Transcribe, word for word and with nothing extra, the line containing "2 BEDROOM (180M²)" and each line that comes after it in the entries.

══ Data under study

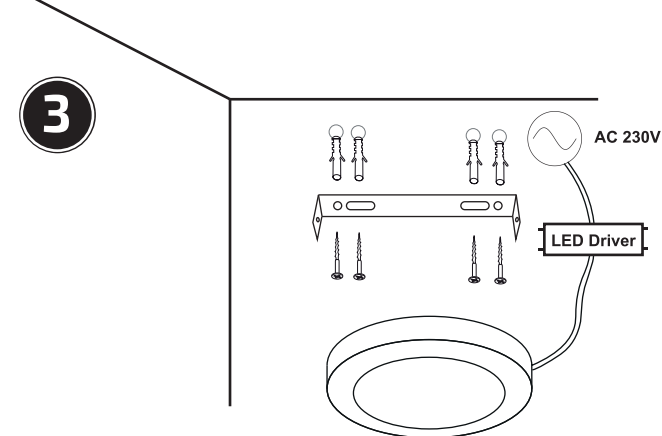

Importer is not responsible for any damage caused by improper use. / Dovožce neručí za žádné škody způsobené nesprávným použitím. / Dovožca neručí za žiadne škody spôsobené nesprávnym použitím.

Importer: Solight, CZ
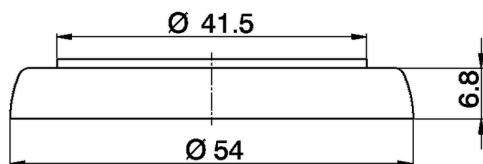

## Peana pra monomando Less,Flash,Mito3 COMPLEMENTOS\_ZA006040

MODELO **ZA006040**

Peana pra monomando Less,Flash,Mito3,de ABS

ACABADOS DISPONIBLES

**21** 21 Cromo

**2A** 2A Niquel Satinado Cepillado

CARACTERÍSTICAS
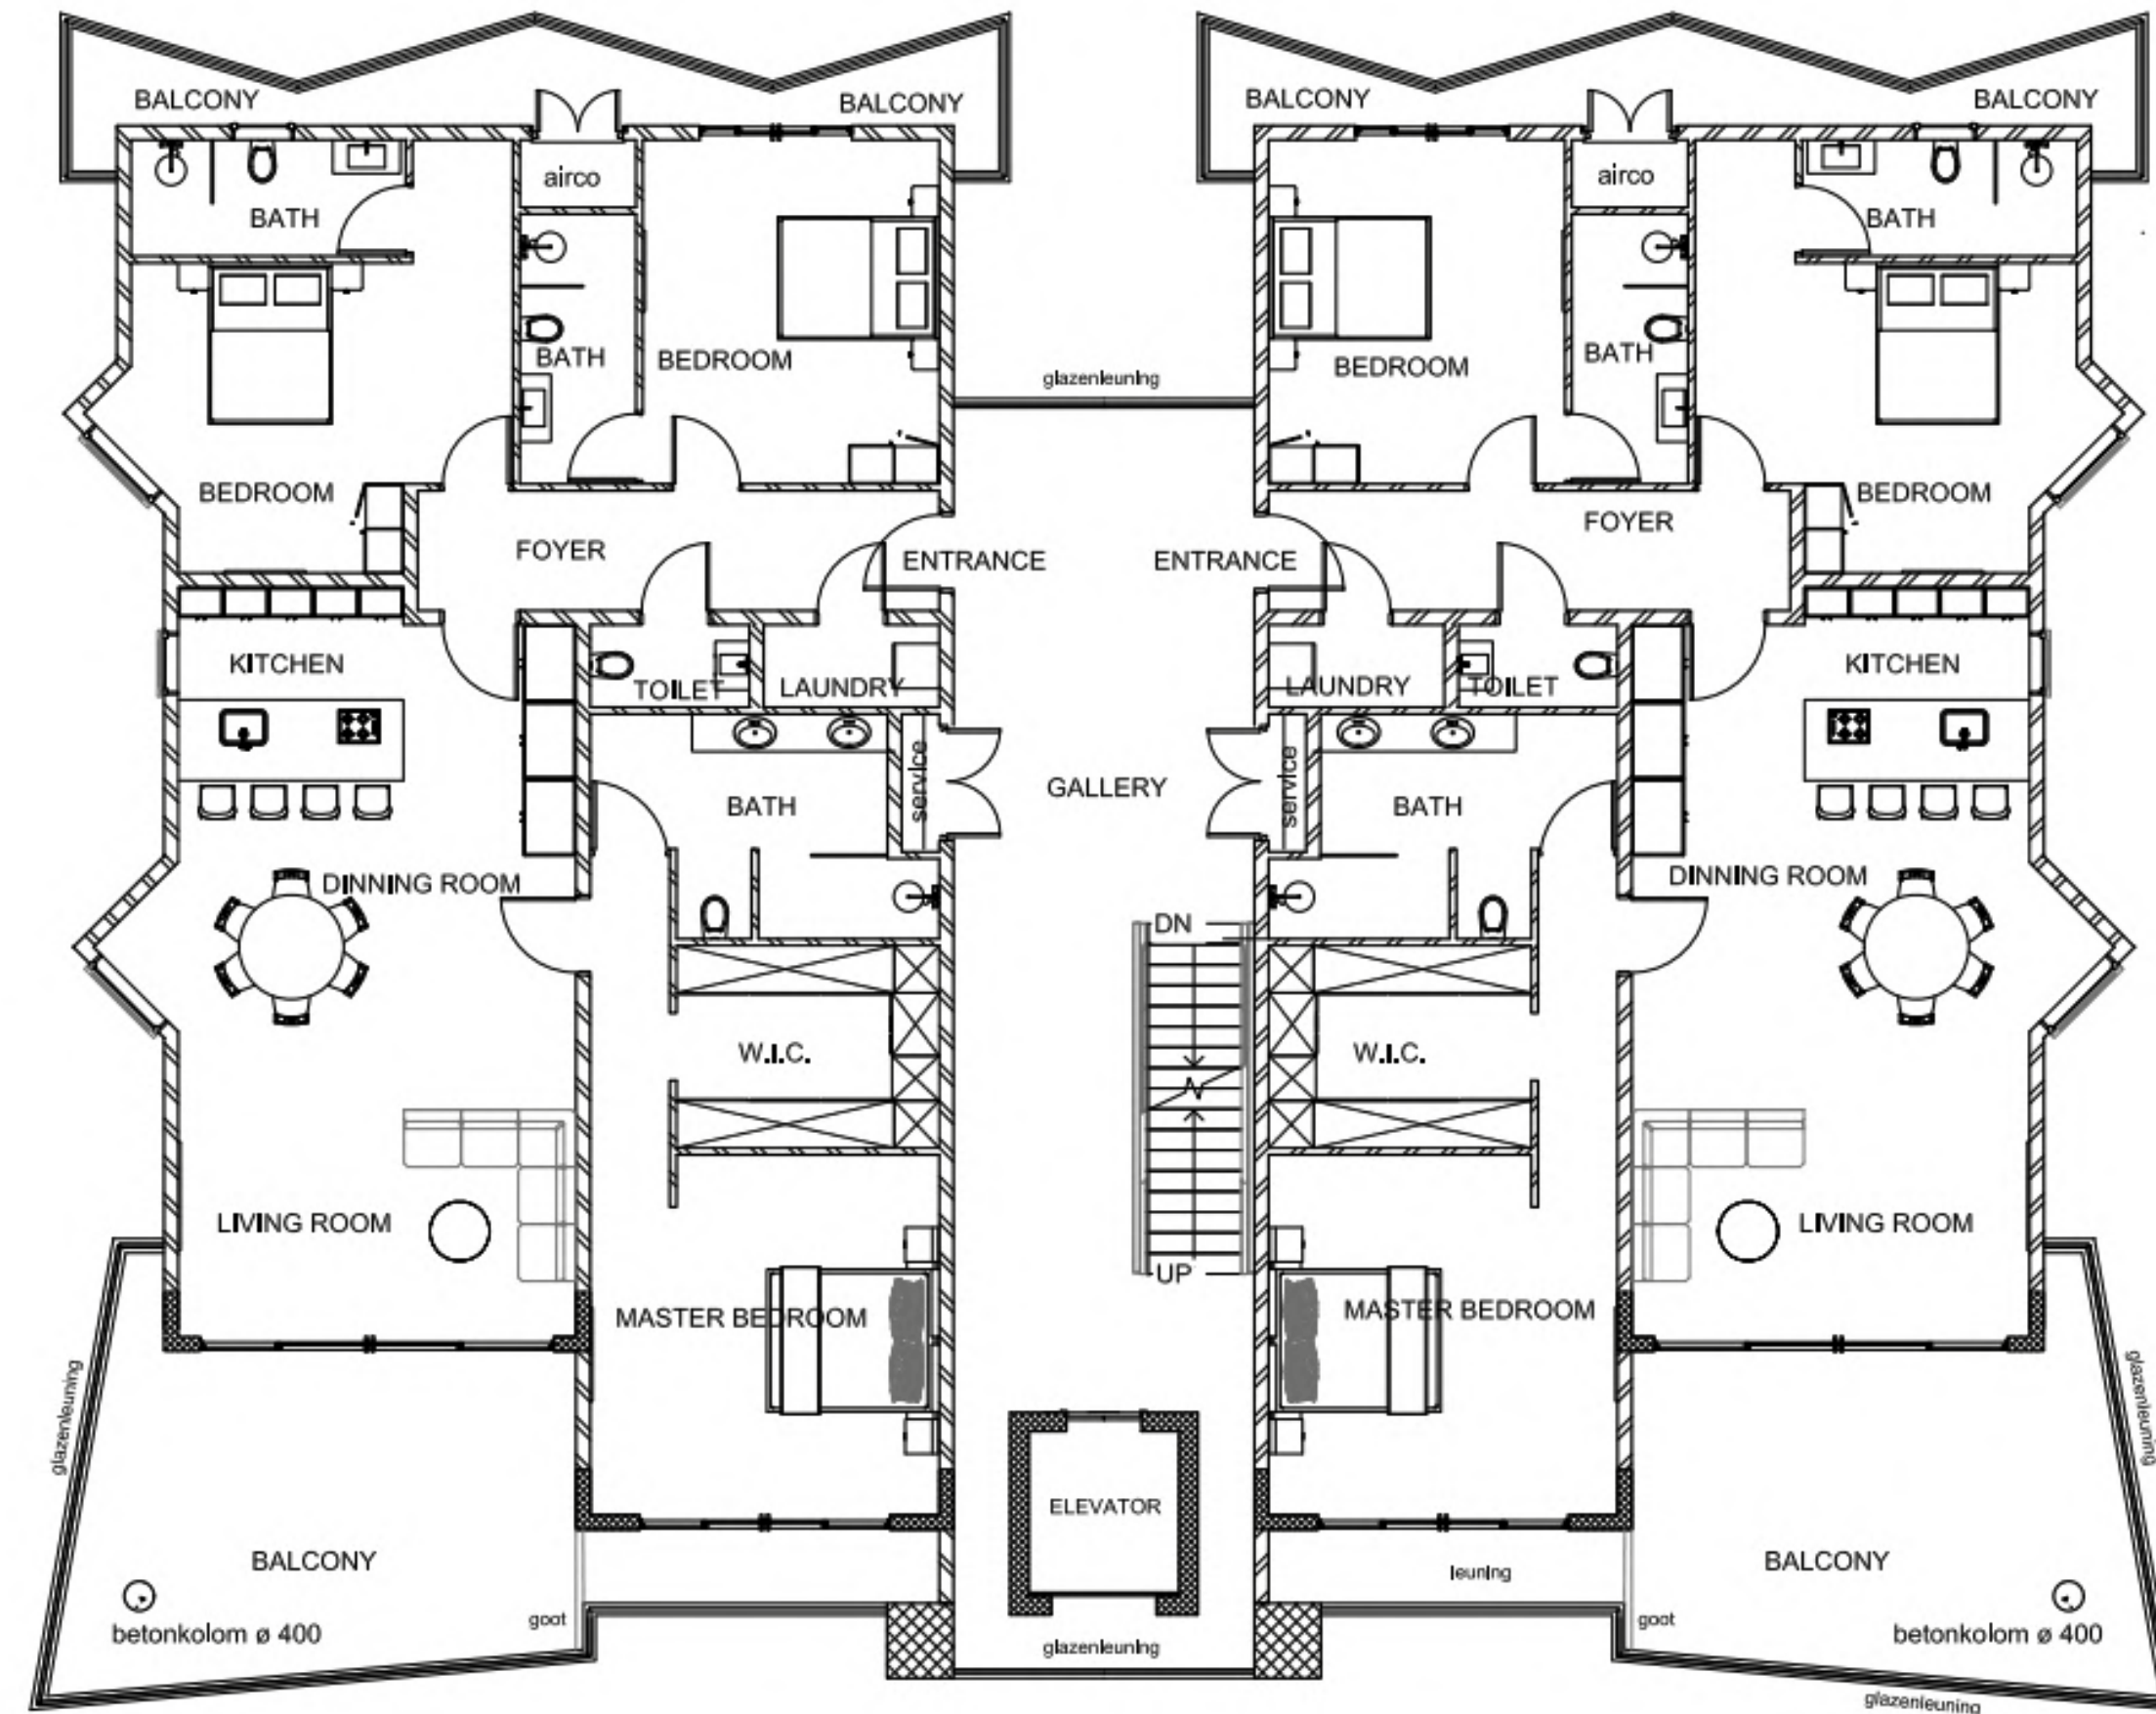

THE VIEW
RESORT & MARINA

- 2 slaapkamers, 2,5 badkamers
- 180 m² inclusief balkon met zeezicht van 30 m²
- Master bedroom met walk-in closet

**BURBACH
ROYCROFT**
Exclusive Property Navigator

2 BEDROOM (180M²)

THE VIEW
RESORT & MARINA

BURBACH ROYCROFT
Exclusive Property Navigator

THE VIEW
RESORT & MARINA

- 3 slaapkamers, 3,5 badkamers
- 242 m² inclusief balkon met zeezicht van 44 m²
- Master bedroom met walk-in closet

**BURBACH
ROYCROFT**
Exclusive Property Navigator

3 BEDROOM (242M²)

THE VIEW
RESORT & MARINA

BURBACH ROYCROFT
Exclusive Property Navigator

Neem contact met ons op voor meer informatie over de huidige beschikbaarheid, of om een bezichtiging in te plannen.

════

> [Answer to the exercise]
2 BEDROOM (180M²)

THE VIEW
RESORT & MARINA

BURBACH ROYCROFT
Exclusive Property Navigator

THE VIEW
RESORT & MARINA

- 3 slaapkamers, 3,5 badkamers
- 242 m² inclusief balkon met zeezicht van 44 m²
- Master bedroom met walk-in closet

**BURBACH
ROYCROFT**
Exclusive Property Navigator

3 BEDROOM (242M²)

THE VIEW
RESORT & MARINA

BURBACH ROYCROFT
Exclusive Property Navigator

Neem contact met ons op voor meer informatie over de huidige beschikbaarheid, of om een bezichtiging in te plannen.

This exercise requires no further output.